I have scleroderma so was unable to have radiation so was told I had to at least have an MX though I knew by that time I already wanted the BMX. I do not heal well though figured I would do all right with this surgery, whichever I chose. That being said, like you, I also thought about future. I've seen so many on this site that had to go back for additional surgery for margins or recurrence or issues with implants, etc. I knew well before this diagnosis reconstruction was not an option for me given all the stories I heard on my scleroderma forum. During this current exploration I was also clear I had to minimize as many future surgeries related to breast cancer as much as I could due to concerns about healing issues as I get older. I realize I have limited control over these things too.
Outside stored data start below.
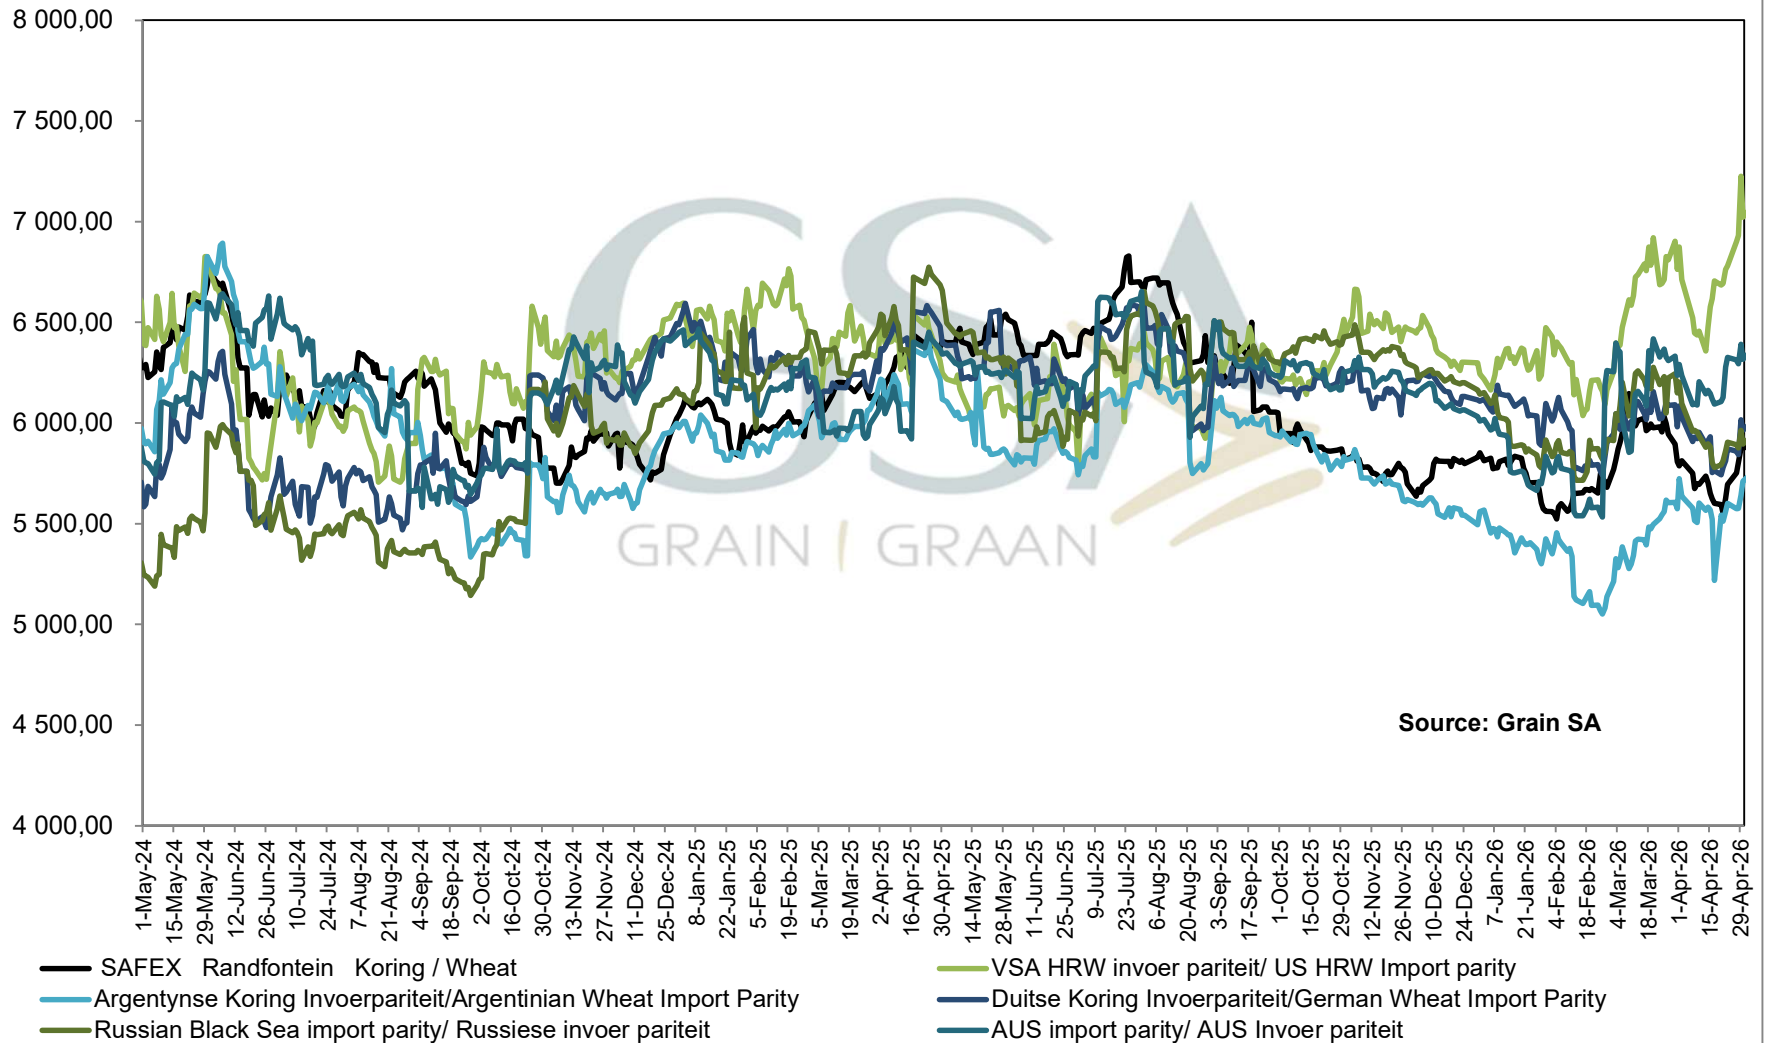

**PRYSE VAN KORING GELEWER IN DURBAN
PRICES OF WHEAT DELIVERED IN DURBAN**

- Invoer pariteit VSA/ import parity US
- Invoer pariteit Duitsland/ Import parity Durban
- Invoer pariteit Australië/ Import parity Australia
- Invoer pariteit Argentinië/ import parity Argentina
- Invoer pariteit Rusland/ Import parity Russia
- SAFEX koring/ wheat

PRICES OF WHEAT DELIVERED IN RANDFONTEIN
 PRYSE VAN KORING GELEWER IN RANDFONTEIN

PRICES OF FEEDGRADE BARLEY DELIVERED IN RANDFONTEIN PRYSE VAN VOERGRAAD GARS GELEWER IN RANDFONTEIN

DERIVED PRICES OF SWEET LUPINS
AFGELEIDE PRYSE VAN SOET LUPIENE GELEWER

IMPORT PARITY AND EXPORT PARITY OF USA OATS INVOERPARITEIT EN UITVOERPARITEIT VAN VSA HAWER

IMPORT PARITY OF USA HRW AND FRANCE FEED BARLEY INVOERPARITEIT VAN VSA HRW KORING EN FRANSE VOERGARS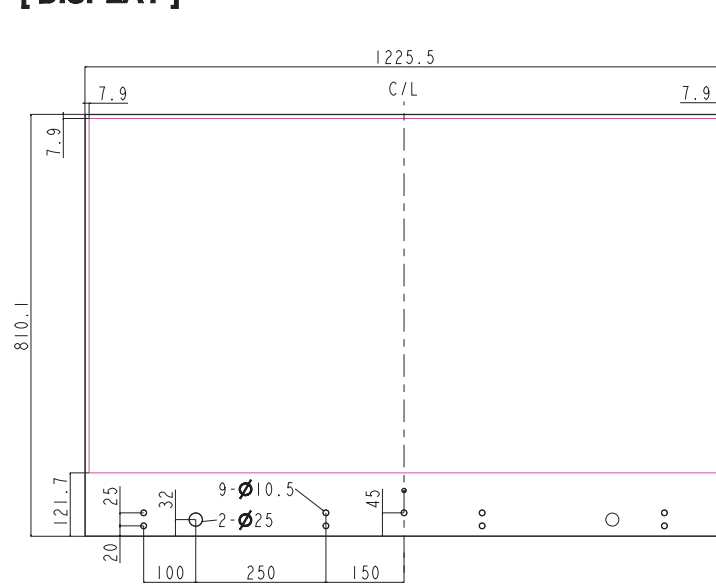

55EW5F-A DIMENSION

- MODEL : 55EW5F-A
- DIMENSION : 1225.5 X 810.1 X 13.5 (mm)

[DISPLAY]

[SIGNAGE BOX]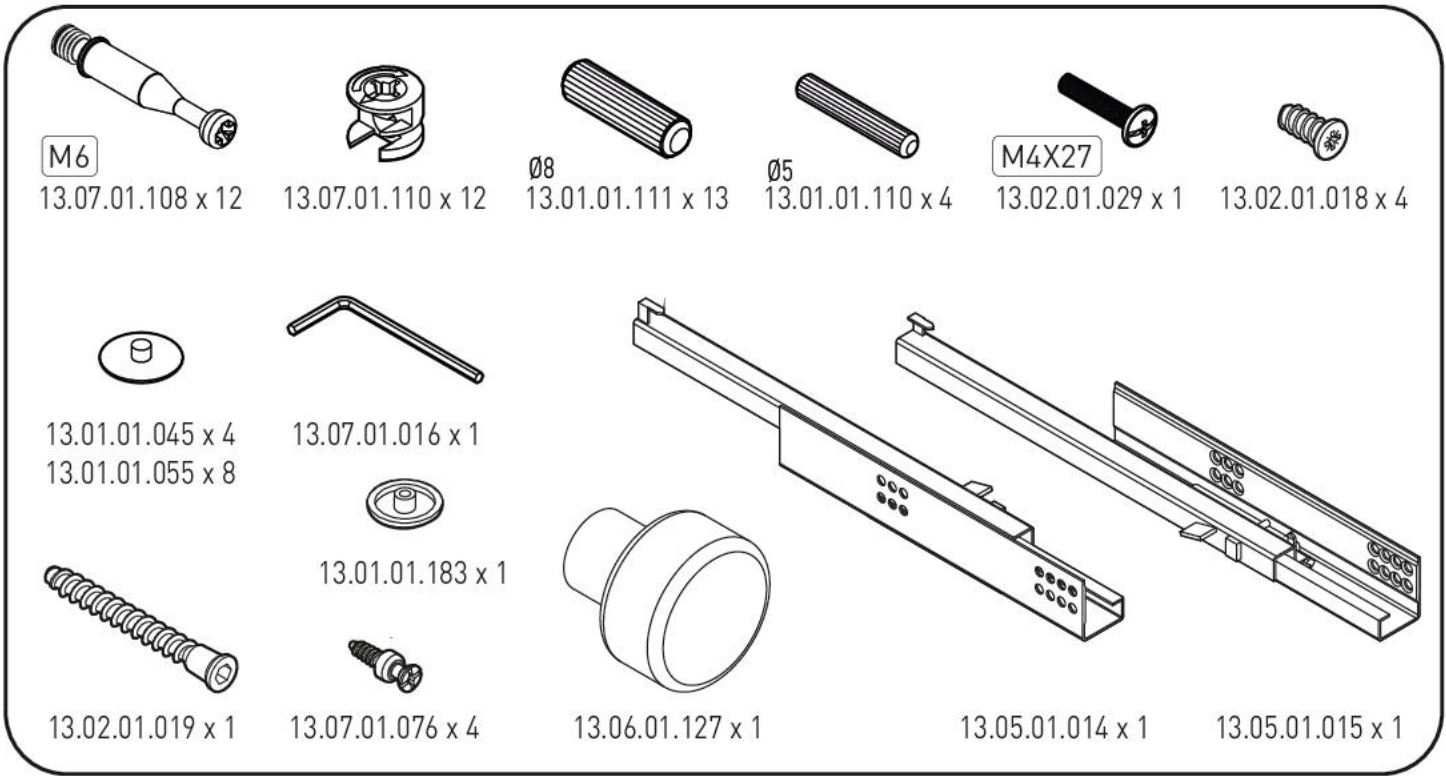

# Psací stůl Dylan

2/2

18.50.1105.031 x 1

18.50.1105.030 x 1

1

13.07.01.108 x 2

18.50.1105.030

2

18.50.1105.009

13.07.01.110 x 4

13.01.01.111 x 4

3

18.50.1105.009

18.50.1105.030

4

5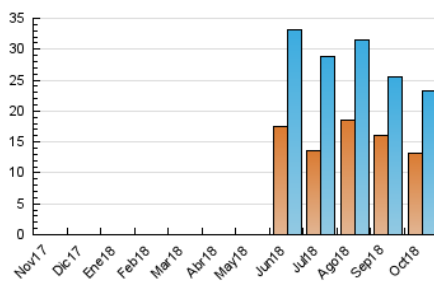

4.3 Por meses

N. únicos / Visitas (x 1000)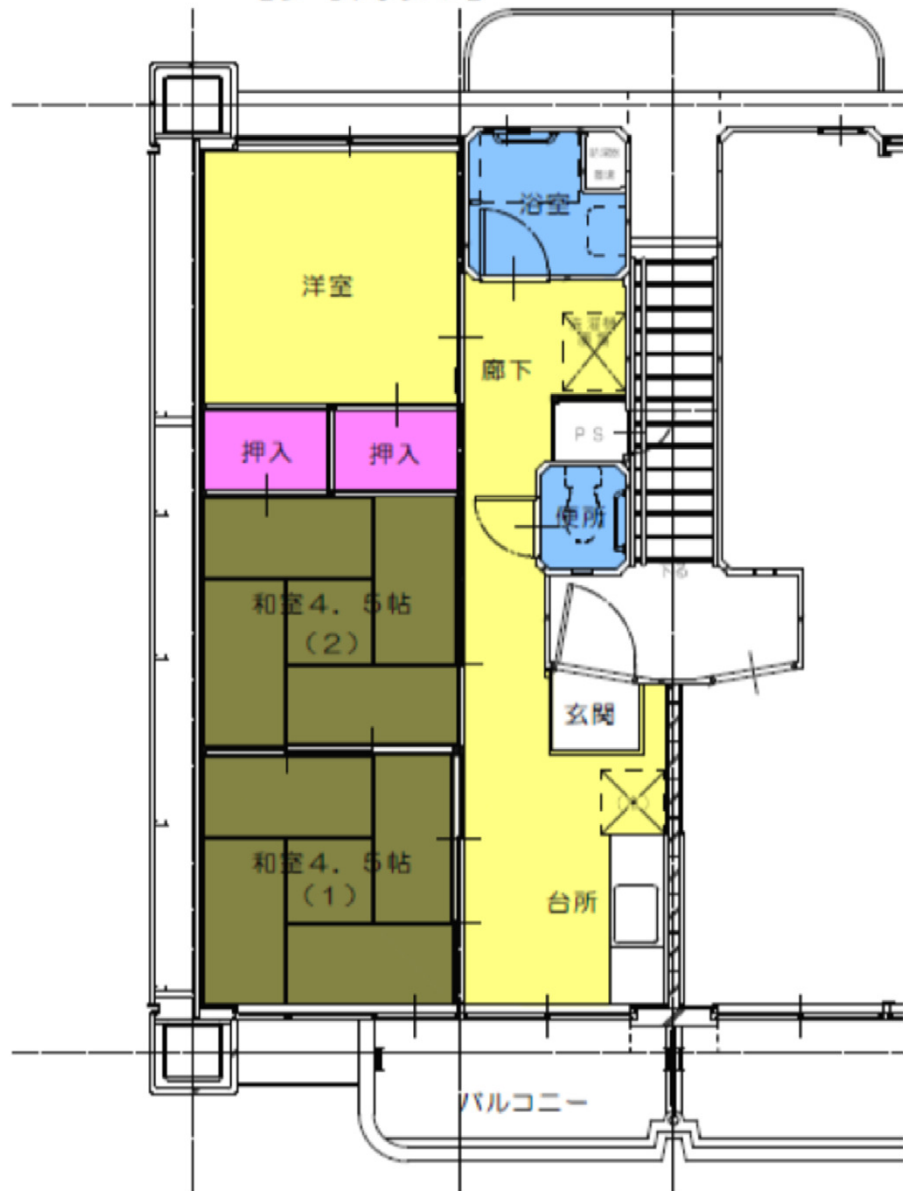

県営長寿園北高層住宅 3DK

【参考間取り】

県営長寿園北住宅 2DK

【参考間取り】

I considered the symmetry too. I knew I would do better with no breast than one breast. My breasts were also fairly large. If I was an A cup maybe I would have thought different. I was concerned about things like lopsided weight and just looking in the mirror would have been concerning to me - again age and gravity are not kind so that factored in to. Go to breastfree.org and you will see some pictures as well. I'm embarrassed to say this though I did not realize until exploring some on line yesterday that my surgeon did the aesthetic flat closure. I had heard of that just never bothered to look up what that actually was other than realizing it had something to do with tightening up skin. My surgeon and I had talked about the typical two incisions over each breast you will see in many pictures and what I ended up with was so different. It was fairly surprising me to see such a long incision a week later once the negative pressure wound vac was removed. I also new soon after the incision was/is a fairly straight line, was going to heal well, blend well, etc. I am quite pleased with it just had to get used to the difference. Just something to think about asking for if you decide to go BMX without reconstruction. You will want to find a surgeon who does this and has done many. I accidentally came across a website yesterday called notputtingonashirt.org where they have a directory of surgeons. You'll see pictures too - which speaks to the importance of getting a good surgeon or plastic surgeon if you decide to go that route. I'm glad my surgeon did this though initially it took some getting used to. I prefer this to the two separate incisions and will like it even more as it heals and blends more.